November 14, 2022

“I am always doing what I cannot do yet, in order to learn how to do it.” 
-Vincent Van Gogh

“Studying whether there’s life on Mars or studying how the universe began, there’s something magical about pushing back the frontiers of knowledge. That’s something that is almost part of being human, and I’m certain that will continue.” ​​​​​​
Sally Ride

In each profession there are new frontiers to explore and conquer. Scientists, mathematicians, and engineers continue to push the limits of their field through space exploration, artificial intelligence, and quantum computing. Athletes continue to find ways to smash records that many thought were unbreakable, and companies like Apple continue to push the boundaries of business through valuations that exceeded two trillion dollars. Artists never cease to create new forms of music, art, and film that give new perspectives.

What is your profession’s frontier? What is your community’s frontier? How are you pursuing it? Who is inspiring you to pursue it? If we aren’t occasionally (or perhaps regularly) asking these questions, then we are missing something and doing a disservice to our field.

In economic and community development it is our job to challenge the status quo and to help our communities see what is possible. It is our job to look at best practices, to use our imagination to see how we can use existing tools, or develop new ones, so that good communities can become great. All communities can get better and provide opportunities, raising the standard of living for their citizens.
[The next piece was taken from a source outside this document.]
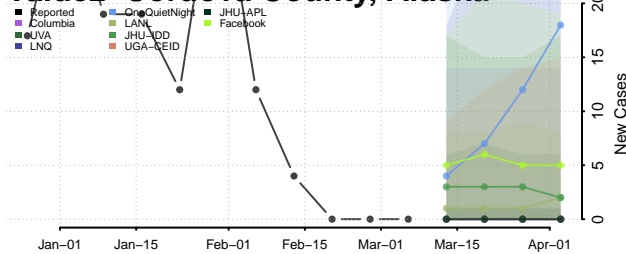

Valdez-Cordova County, Alaska

Whether you are focused on small towns and rural communities like our friends at Small Nation, or building connected parkways like the Atlanta Beltline and Columbus’ own Rapid 5 initiative, or building one of the largest semiconductor locations in the world like the State of Ohio, Licking County, and the City of New Albany are doing–you will have to explore new tools and new partnerships to make it happen. These examples may or may not inspire you, but they are all driven by purpose and by big, bold ideas. If you work in place-based marketing, workforce development, the financing of small and minority businesses, or serve on a planning and zoning commission, the time is now to seek, adapt, and master new models.

This week, I encourage you to seek inspiration to help drive you, your organization, and your community. When the three are combined, great things happen. Let’s raise each other up and move forward together. Have a great week.